To see his reaction, Elizabeth thinks. Because she orchestrated it? Or just because she thrives on the chaos?
Charlotte, meanwhile, is doing her utmost to stay civil as she engages in conversation with Wickham, while Lydia and Kitty whisper like conspirators in the corner of the room.
Her father is on his own, contentedly so, it seems, head resting back, eyes closed.
Elizabeth would love to join him, to shut herself off from this world, but she is host tonight. As much as she wishes to have Darcy at her side, to know that they are in this together, as he promised they would be, she cannot shirk her duties.
She must play nice with them, even the traitor in their midst.
Head held high, she steps forward.
A hand restrains her.
She glances up, and gasps softly at the gentle intensity of Darcy’s adoring gaze.
“Forgive me,” he says, just as she says the same.
They share a laugh.
“I should not have doubted you” he says as she tries her own apology, “I should have taken more care.”
“That man calls for doubt,” she argues as he insists, “You took more than enough.”

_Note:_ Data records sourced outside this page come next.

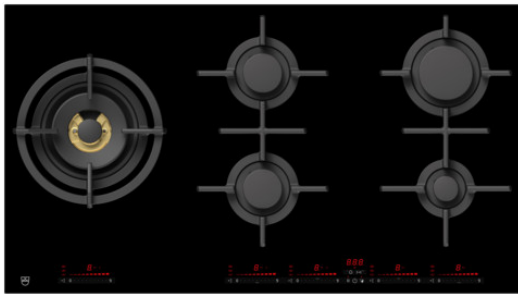

### Selected product

- Article no.: 3107263505
- EAN code: 7630029440605
- Type: GAS951GSBZ
- Product category: Hob
- Standard width: 90 cm
- Front design: BlackDesign
- Frame: DualDesign

### Design

- Type: GAS951GSBZ
- Product category: Hob
- Standard width: 90 cm
- Front design: BlackDesign
- Frame: DualDesign

### Hob features

- Hob category: gas
- Residual heat indicator
- Timer
- Restore function
- Cooking zones: 5
- Power levels: 9

**Functions**

- Warming function
- Bridging function
- Heating function
- Safety package
- Pause button
- Automatic warm-up function
- Cleaning lock
- Melt function
- Simmer function
- Childproof lock
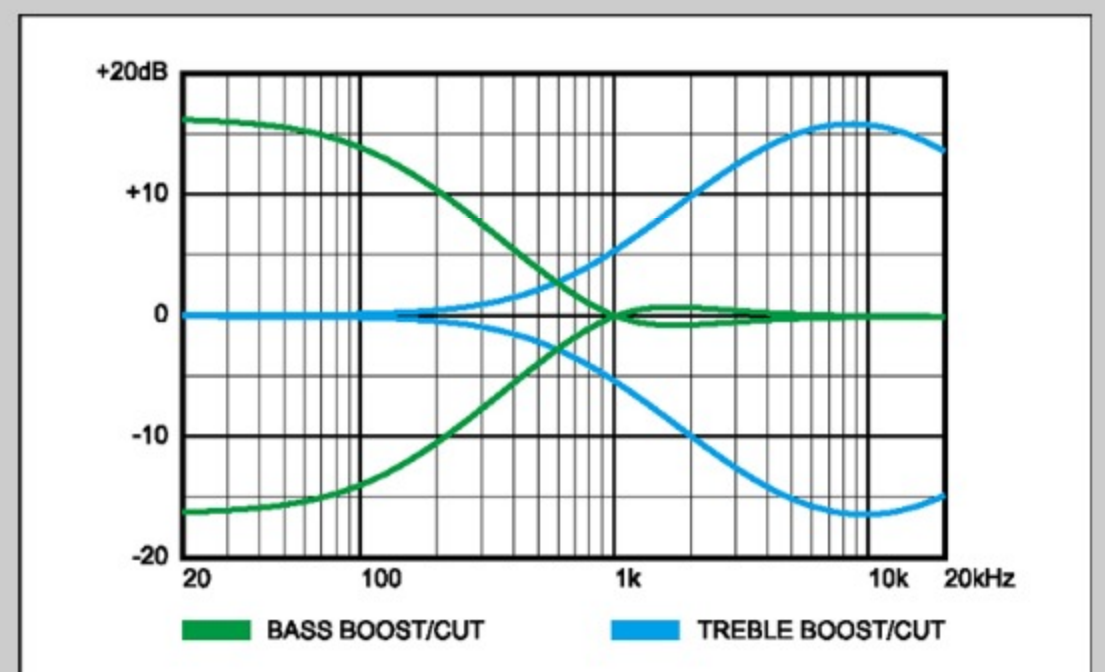

NECK DIMENSIONS

Scale :	864mm/34"
a : Width	45mm at NUT
b : Width	68mm at 24F
c : Thickness	19.5mm at 1F
d : Thickness	21.5mm at 12F
Radius :	305mmR

CONTROLS

FREQUENCY RESPONSE

OTHERS

Recommended Case MB300C
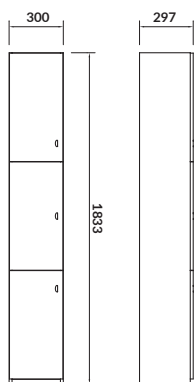

BIANCO 182

Pillar

☐ cat. no.: S509-014-DSM | index: FZZP1000050274

BIANCO pillar will make it easier to manage the space in any bathroom. It is made of particle board covered with white varnish. The model has three shelves and gives the possibility of mounting an universal laundry basket. Each cabinet has a classic door with unique chrome-plated handles that blend in with fittings. The model is designed for self-assembly.

characteristics:

- chrome handles
- easy installation
- hidden handles
- 2-year warranty on the furniture

width×depth×height [cm]   30×30×183

available colors:

white
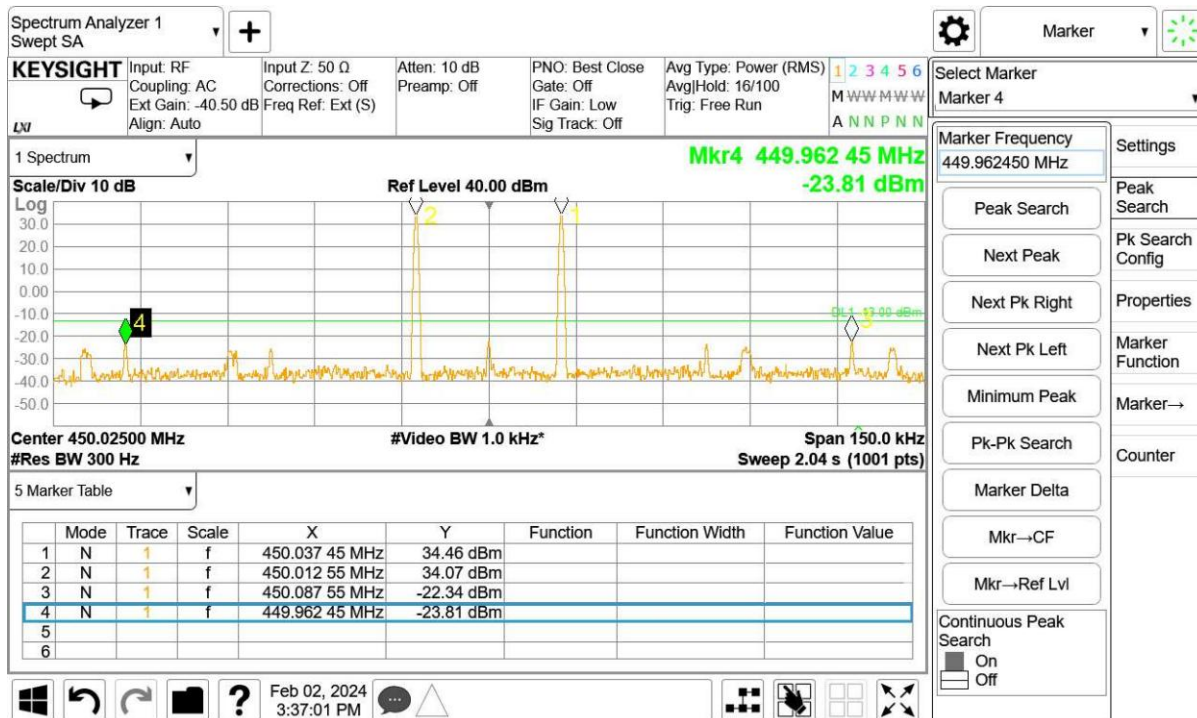

10.8.5.1.2. Channel Bandwidth:12.5kHz

Low Frequency and With the ALC threshold level

Low Frequency and With the input signal amplitude set 3 dB above the ALC threshold

Mid Frequency and With the ALC threshold level

Mid Frequency and With the input signal amplitude set 3 dB above the ALC threshold

High Frequency and With the ALC threshold level

High Frequency and With the input signal amplitude set 3 dB above the ALC threshold

10.8.5.1.3. Channel Bandwidth: 25kHz

Low Frequency and With the ALC threshold level

Low Frequency and With the input signal amplitude set 3 dB above the ALC threshold

Mid Frequency and With the ALC threshold level
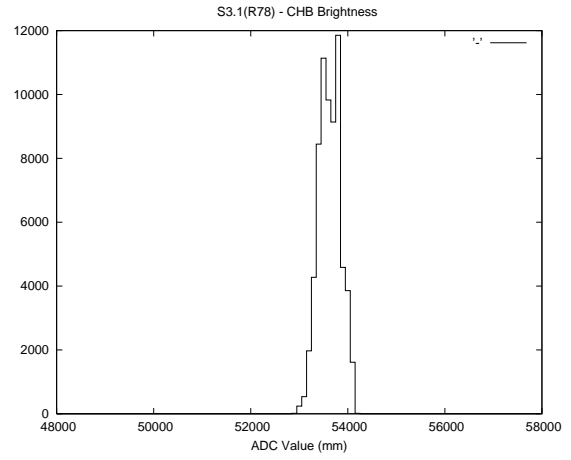

2 Mechanical Performance

Starting position for the last 2000 actuations.

Starting position width over time.

Acceleration for the last 2000 actuations.

Acceleration over time. Normalised to a temperature 45C using the temperature data collected by the system.

3 Optical Performance

4 BPS Check
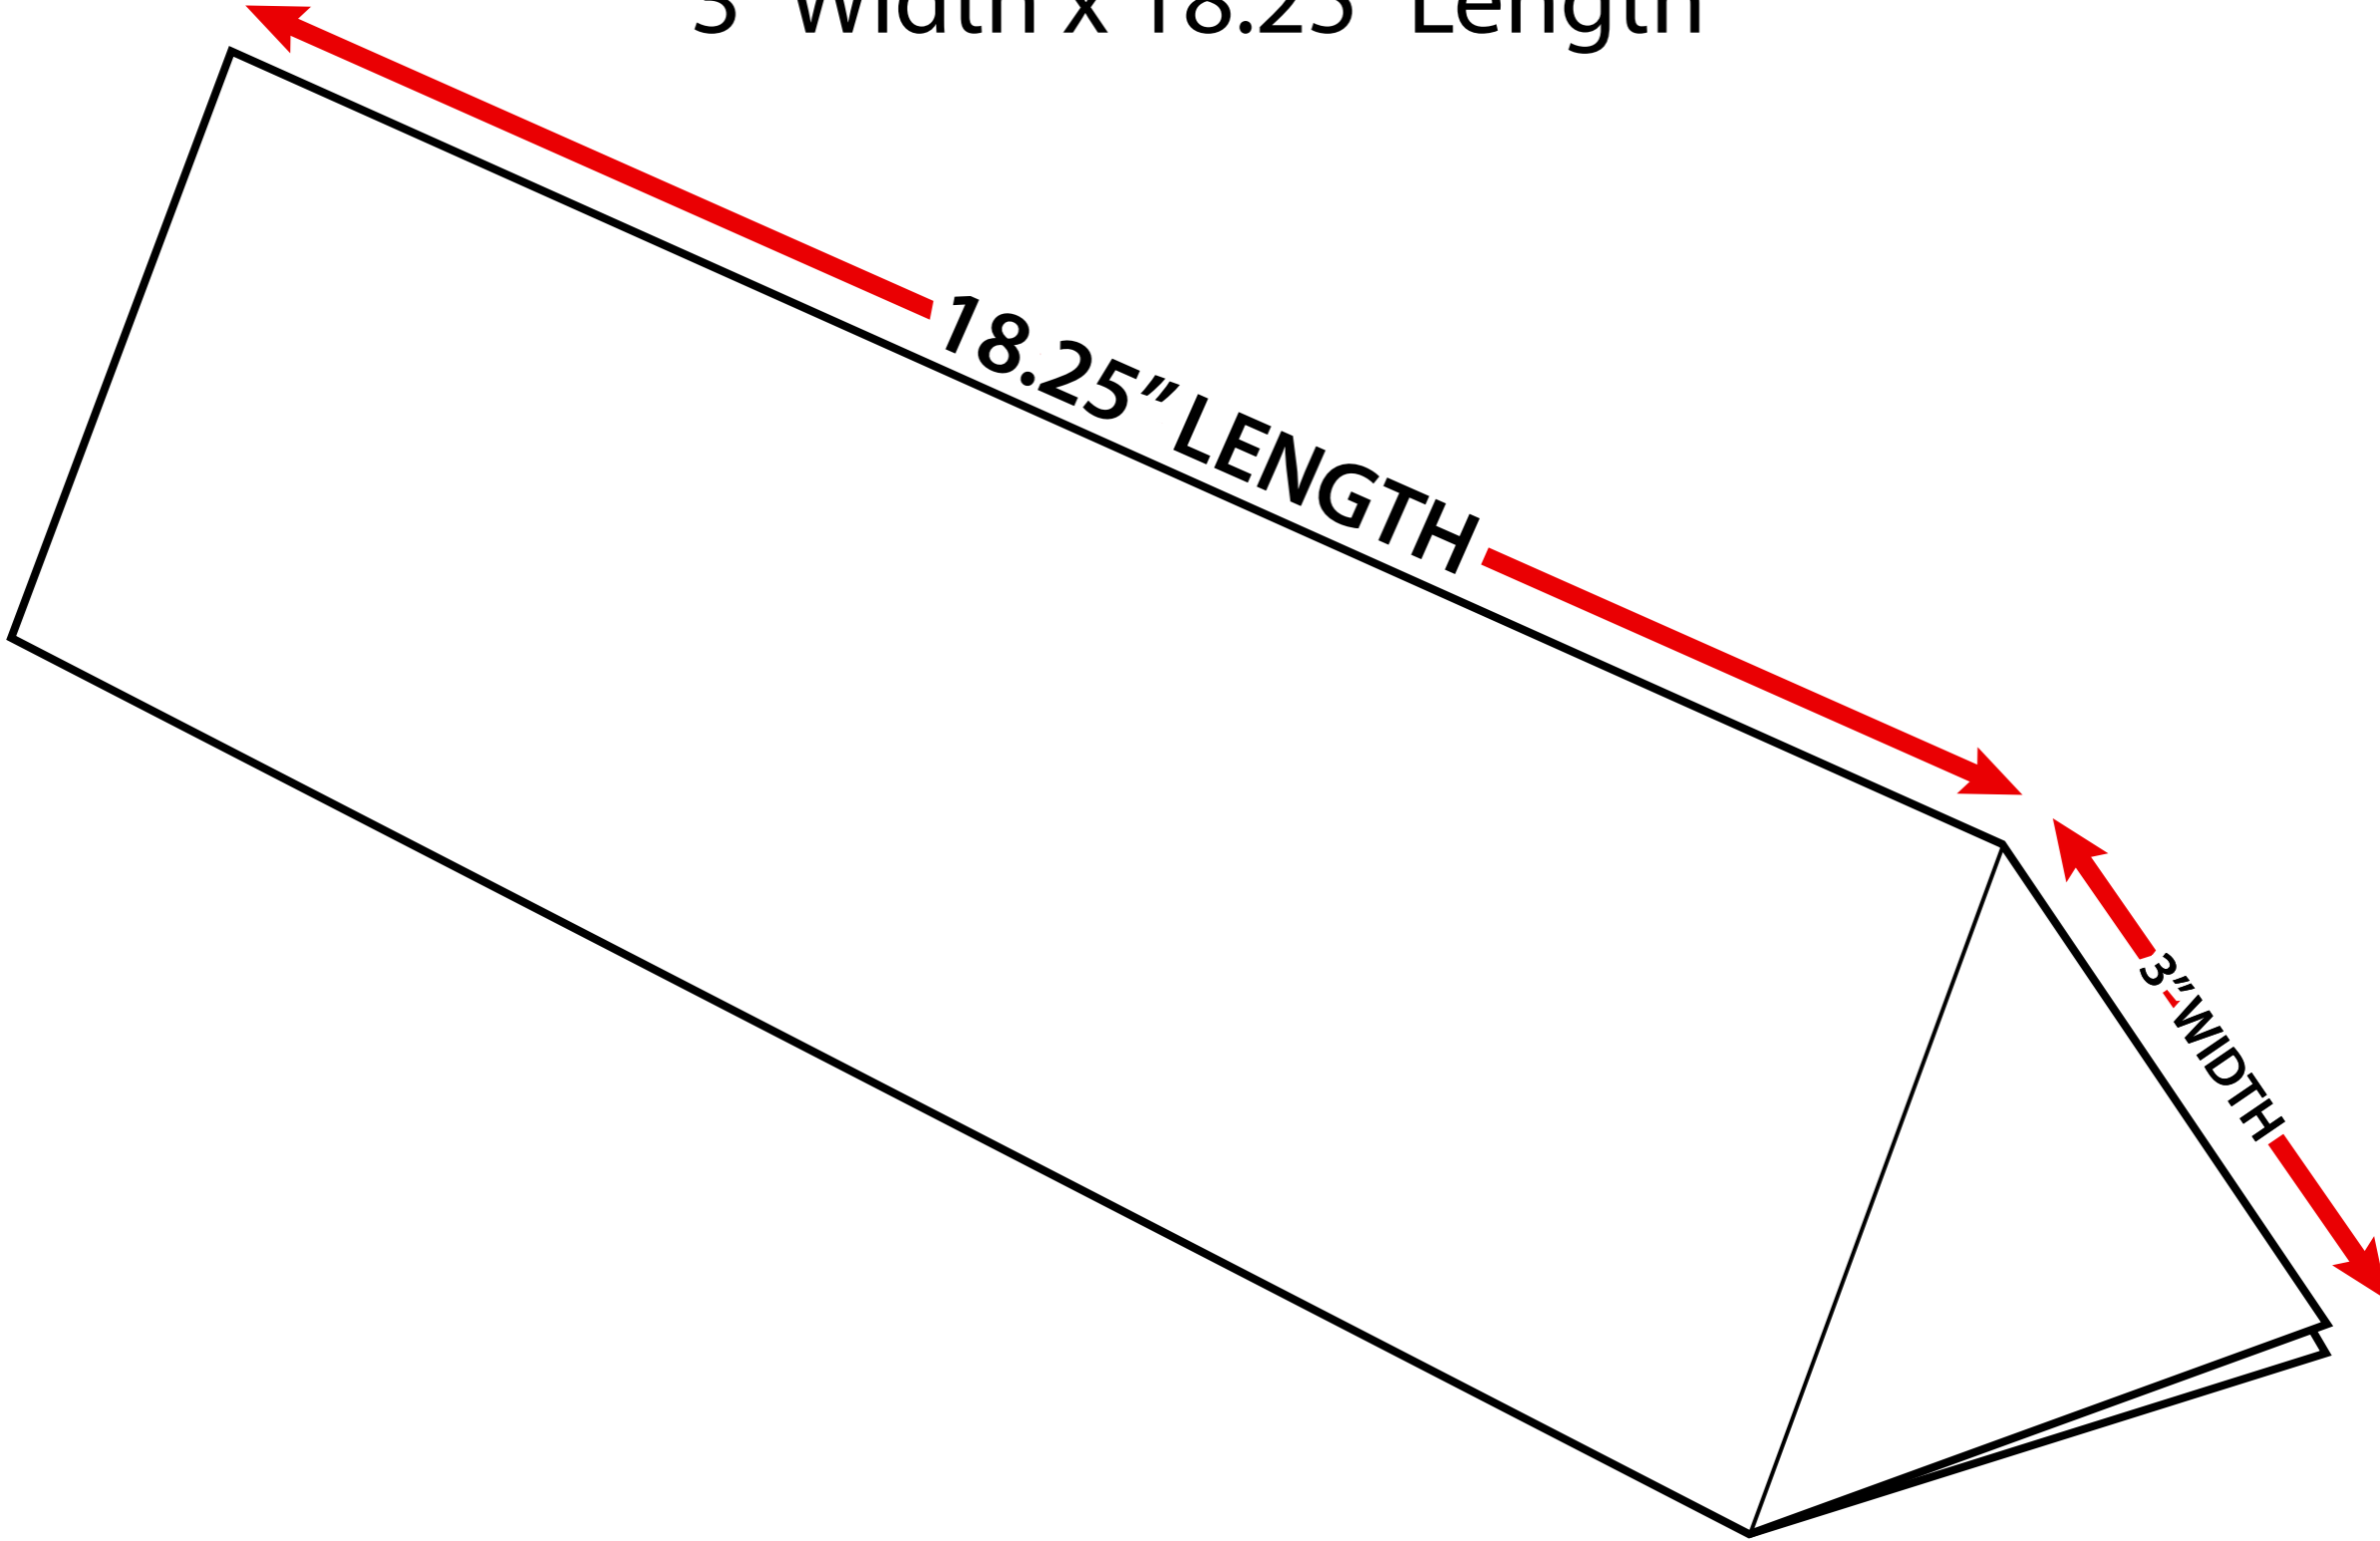

# Measuring 3" x 18.25" Triangle Mailing Tubes

3" Width x 18.25" Length

Sizes listed are inside dimensions.

Darcy enfolds her in his arms. “Look at us. Perfectly in harmony, though our steps are a tad offbeat.”
“Careful. The others are watching.” Elizabeth sees Caroline above all with her sour expression of disappointment, and Lady Catherine’s flaring nostrils.
“Let them,” Darcy challenges, and presses a kiss to her lips.
Elizabeth could melt in that moment. All is well. It was only a moment’s misunderstanding, but it’s passed like the seasons.
They are together, as they’ve ever been, and together they weave through their guests, a united front against a bristling storm.